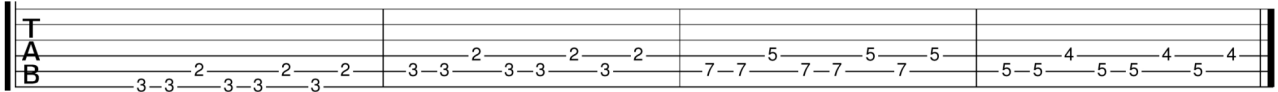

New Life Has Come

V1 G C
I stepped out of the grave
Em D
I'll never see the world the quite the same
G C Em D
The darkness turns to day The coldness fades away
G C Em D
Cause I have felt your mercy I have seen your grace
G C Em D
I have called on the savior and I'll never be the same
Em D/F# G Em D/F# C
Oh what a beautiful day When you reached down to save me

Production Order
Capo 2 Key A
 4 hats count
 Intro 1down 1up
 V1
 Ch
 V2
 Ch
 Bridge
 Ch ½ down ½ Up
 Bridge
 Intro 2x

CH G
Now I'm free and I'm singing praise
Em C D/F# G
New life has come all this joy inside it's all because of you
G
Now I'm free and I'm singing praise
Em C D/F# G
New life has come You've opened up my eyes It's all because of you
========================
_Task to carry out_. The final stretch of the listing, from the line containing "4 hats count" through its last line, both included, is to be output exactly and by itself.

_Result_.
 4 hats count
 Intro 1down 1up
 V1
 Ch
 V2
 Ch
 Bridge
 Ch ½ down ½ Up
 Bridge
 Intro 2x

CH G
Now I'm free and I'm singing praise
Em C D/F# G
New life has come all this joy inside it's all because of you
G
Now I'm free and I'm singing praise
Em C D/F# G
New life has come You've opened up my eyes It's all because of you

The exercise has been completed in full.